Principle:FMInference FlexLLMGen BFloat16 Mixed Precision Optimization
| Field | Value |
|---|---|
| Sources | Upstream: DeepSpeed, Paper: FlexGen |
| Domains | Mixed_Precision_Training, Memory_Optimization |
| Last Updated | 2026-02-09 00:00 GMT |
Overview
A training strategy that uses BFloat16 (bf16) for forward and backward computation while maintaining FP32 master copies of weights for numerically stable optimizer updates, reducing memory usage by nearly half without sacrificing convergence.
Description
BFloat16 mixed-precision optimization uses the bf16 floating-point format (1 sign bit, 8 exponent bits, 7 mantissa bits) for the bulk of training computation. Unlike FP16 (which has 5 exponent bits and 10 mantissa bits), bf16 has the same dynamic range as FP32 (8 exponent bits), making it less prone to overflow/underflow and eliminating the need for loss scaling.
The dual-representation approach works as follows:
- Forward pass -- Uses bf16 parameters, producing bf16 activations and loss.
- Backward pass -- Computes bf16 gradients via backpropagation.
- Gradient conversion -- Bf16 gradients are copied into FP32 gradient buffers for numerical precision during accumulation.
- Gradient clipping -- Global gradient norm is computed in FP32 and clipped to prevent training instability.
- Optimizer step -- The inner optimizer (e.g., Adam) updates FP32 master weights using FP32 gradients.

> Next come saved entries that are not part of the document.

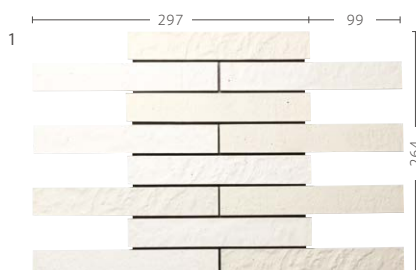

Roran **NEW!** B I 類 (磁器質) 施釉 made in Japan ● 標準品

ローラン

接着剤張
専用商品美濃焼
タイル

内装壁	外装壁	浴室壁	居室床
内装床	外装床	浴室床	耐凍害

■塗り目地施工は出来ません。 ■3面状の2色ミックスとなります。 ■注意事項については、各カテゴリーの中扉に明記してあります。ご参照ください。また、詳しくは各営業までお問い合わせください。

推奨施工パターン

ユニットに方向性があります。図の様に横方向はユニットを上下に反転させ、交互に施工してください。縦方向は同じ向きで施工してください。

その他の施工例はこちら。

NT-307/LN-20

NT-307/LN-10

NT-307/LN-20

NT-307/LN-30

NT-307/LN-40

NT-307/LN-50

形状	品番	実寸(mm)	目地共寸法(mm)	厚さ(mm)	m ² 必要枚数	入数(枚/箱)	重量(kg/箱)	設計価格
1 ボーダーレンガ貼り	NT-307/LN-	約195×30	約297×264	約8	12.7	18	23	¥9,400/m ²
2 ボーダー曲り紙貼り	(接着)	約(146+47)×30	約(149+50)×264	約8	3.8/m	-	-	¥7,400/m 注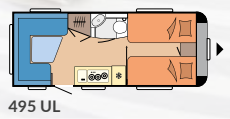

Exclusief THETFORD cassettoilet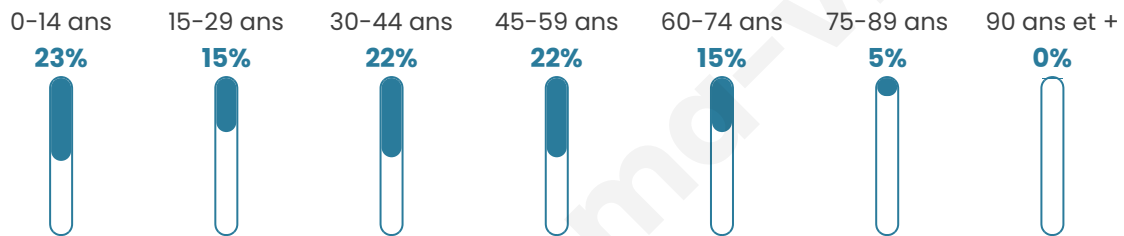

1 160

Age moyen

38 ans

Pop active

51.6%

Taux chômage

10.2%

Pop densité

89 h/km²

Revenu moyen

22 780 €/an

Evolution du nombre d'habitants

Sources : Institut national de la statistique et des études économiques (insee) selon Les dernières parutions officielles de 2024 portant sur les années 2020, 2021 et 2022.

Tranche d'âge

Activité professionnelle

Niveau de diplôme

Composition des ménages

Profils électoraux

Premier tour

	Marine LE PEN	36.07 %
	Emmanuel MACRON	28.64 %
	Jean-Luc MÉLENCHON	14.09 %
	Éric ZEMMOUR	6.66 %
	Valérie PÉCRESSE	3.25 %
	Jean LASSALLE	2.79 %
	Yannick JADOT	2.79 %
	Nicolas DUPONT-AIGNAN	2.48 %
	Anne HIDALGO	1.39 %
	Philippe POUTOU	0.77 %
	Fabien ROUSSEL	0.62 %
	Nathalie ARTHAUD	0.46 %

812 inscrits

Participation : 81.9%
Votes blancs : 2.26%
Votes nuls : 0.60%

Second tour

	Emmanuel MACRON	44,43 %
	Marine LE PEN	55,57 %

812 inscrits

Participation : 82.02%
Votes blancs : 4.2%
Votes nuls : 1.5%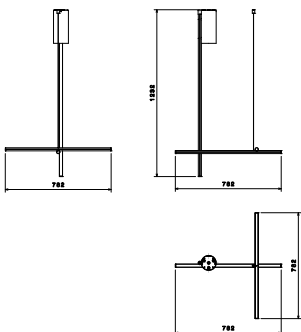

## Coordinates Ceiling 1

por Michael Anastassiades , 2020

Coordinates es un sistema de iluminación difusa compuesto por varillas horizontales y verticales dispuestas para formar rejillas de luz de diversas formas y complejidad. Cada varilla está compuesta por: cuerpo de aluminio extruido elaborado y anodizado en color champán ; difusor de silicona óptica de platino estriado integrado (CRI 95). Cada varilla es alimentada y sostenida gracias a un sistema de conexiones eléctricas y mecánicas, que permanecen invisibles, diseñado específicamente para permitir la composición de los tres modelos de techo (C1, C2, C4), a los que se añaden las correspondientes versiones Long para adaptarse a techos más altos (C1 Long, C2 Long, C4 Long). También está disponible el modelo «Module C», cuya geometría ha sido diseñada para ser repetida más veces con el fin de crear grandes redes para instalaciones de proyectos. Cada configuración de Coordinates incluye su propio roseta, cuya electrónica integrada permite utilizar diversos sistemas de regulación de la intensidad luminosa: push, 1-10, DALI. En caso de ausencia de estos sistemas, se puede configurar el flujo luminoso durante la fase de instalación, con el sistema push incluido en la roseta. Para cada configuración también está disponible la correspondiente versión CI III para instalaciones con alimentación remota.

<b>Montaje</b>	Techo/pared
<b>Entorno</b>	Para interior
<b>Peso</b>	3,8 Kg
<b>Fuentes luminosas disponibles</b>	1 x Strip Led 45W [i] 2700K 2270lm CRI95
<b>Emergencia</b>	Sin
<b>Regulador de la intensidad</b>	Included 1-10 Push-Dali
<b>Tensión</b>	100-240V
<b>Potencia</b>	45W
<b>Batería</b>	No
<b>Suministro incluido</b>	Sí

Optimizer states (momentum, variance) remain in FP32.
- Weight copy-back -- Updated FP32 master weights are cast back to bf16 for the next forward pass.
- All-gather -- In data-parallel training, each rank's bf16 weight partition is gathered across all ranks.
This approach is combined with ZeRO-style partitioning: FP32 master weights are partitioned across data-parallel ranks, so each GPU only stores 1/N of the master weights (where N is the data-parallel world size). Flattened tensors are aligned to NCCL boundaries (4 bytes) for efficient communication.
Usage
Use bf16 mixed-precision when training on hardware with native bf16 support (e.g., NVIDIA A100, H100). It is preferred over fp16 mixed-precision because it does not require loss scaling and is more robust for large-scale training. The technique is enabled in DeepSpeed via the bf16.enabled configuration flag.
Theoretical Basis
Bf16 has 2^8 = 256 exponent values, matching FP32's dynamic range of approximately 1.2 x 10^-38 to 3.4 x 10^38. This eliminates the gradient underflow problem that plagues FP16 training. The reduced mantissa (7 bits vs. 23 bits in FP32) means individual operations have lower precision, but the key insight is that gradient accumulation and optimizer updates -- which are most sensitive to precision -- are performed in FP32. Memory savings come from storing parameters and activations in bf16 (2 bytes vs. 4 bytes), yielding approximately 50% reduction in model parameter memory.